# ziyaret etmek -> which suffix?



## vpprof

Hello! I just learned that both of these sentences are correct:

"Kız çocuk arkadaş*ını* ziyaret ediyor"
"Aile Roma*'yı* ziyaret ediyor"

Why are there two different buffer letters used, namely "n" and "y"?
Thanks


----------



## analeeh

_-yI_ is the default choice after a vowel, but some suffixes when followed by another suffix take _-n-_. One of these is _-(s)I(n)_- (the possessive/compound suffix), which appears in your first example - _çocuk arkadaş*ın-*ı_. The other one that immediately comes to mind is _-ki(n)_ - _benim*ki*, benim*kin-*den. _Maybe there are a couple of other ones too.


----------



## CHovek

So you don't ask about "ziyaret etmek"?


----------



## vpprof

@CHovek, Yes, as it turns out, I'm not. Sometimes you're problem remains a problem only until you know what you're asking about 

@analeeh thank you very much!! Now it's obvious, there are two suffixes in the first example, of which I wasn't aware at first


----------



## Bespelled

vpprof said:


> Now it's obvious, there are two suffixes in the first example, of which I wasn't aware at first



Just for the sake of precision, actually in both cases it is the same suffix, that is -i/-ı/-u/-ü, forming the Accusative. When a suffix starting with a vowel is added to a morpheme ending in a vowel (in this case Roma, arkadaşı), then a consonant has to be used in between ("y" in the first case and "n" in the second). However, this is considered a phonetic phenomenon rather than a different form of the suffix (and it is a more general  rule that applies not only to the Accusative).

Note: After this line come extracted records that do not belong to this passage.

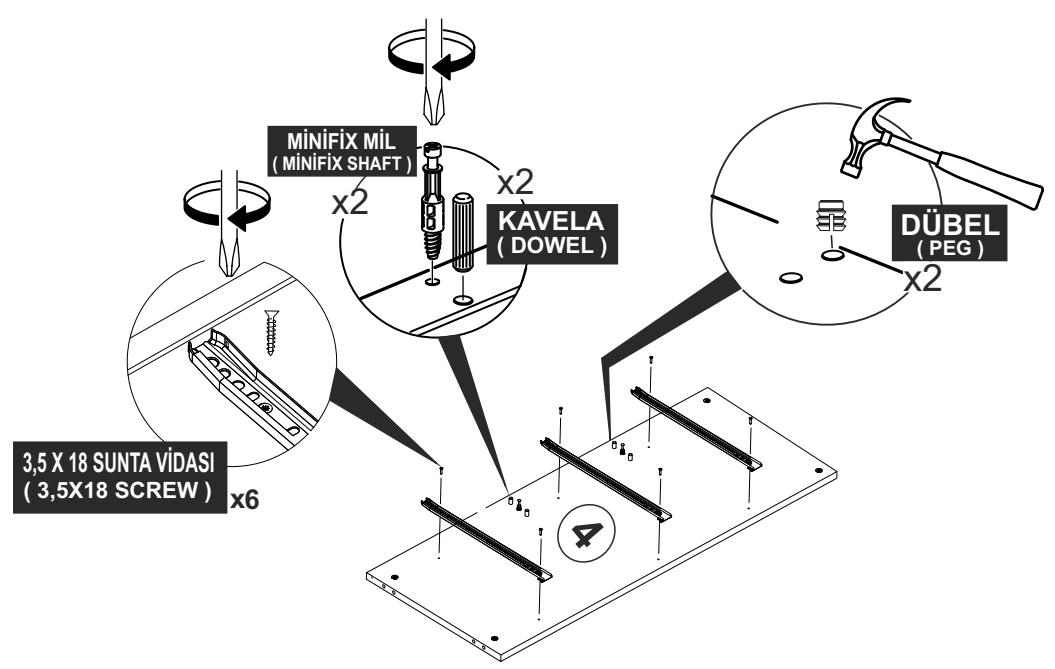

* AKSESUARLARI GÖSTERİLDİĞİ GİBİ DÜZ BİR ZEMİN ÜZERİNDE TAKINIZ...
 * ÜRÜNÜ KURARKEN MONTAJ SIRASINI TAKİP EDİNİZ
 * FİX THE ACCESSORIES AS SHOWN FOLLOW THE
 INSTALLATION SEQUENCE WHILE INSTALLING THE PRODUCT.

3

MINIFIX GÖVDE (MINIFIX BODY) X2

DÜBEL (PEG) X2

MINIFIX MIL (MINIFIX SHAFT) X8

9

6

8

3,5 X 18 SUNTA VIDASI (3.5X18 SCREW) X12

ARKALIK KÖŞE (CORNER WEDGE) X12

RAF PİMİ (PLASTIC PIN) X8

7

MINIFIX GÖVDE (MINIFIX BODY) X8

KAVELA (DOWEL) X8

MINIFIX MIL (MINIFIX SHAFT) X8

DÜBEL (PEG) X2

@analeeh's explanation and examples are great. Another situation where you use "n" instead of "y" is after the pronouns bu, şu, o (they become bu*n*u, şu*n*u, o*n*u).

Just to demonstrate the importance of this being a general phonetic rule rather than something specific to the Accusative: the very same rule applies when you construct the Dative. Thus you would say "Roma'*y*a gidiyorum", but "arkadaşı*n*a gidiyorum", "o*n*a gidiyorum", "arkadaşınki*n*e bakıyorum" etc.


----------



## analeeh

I think when vpprof says 'two suffixes', he means the possessive suffix _-ın-_ and the accusative _-ı_, not that the two examples show different suffixes.


----------



## Bespelled

analeeh said:


> I think when vpprof says 'two suffixes', he means the possessive suffix _-ın-_ and the accusative _-ı_, not that the two examples show different suffixes.



I think you are right. Sorry, @vpprof, I got confused


----------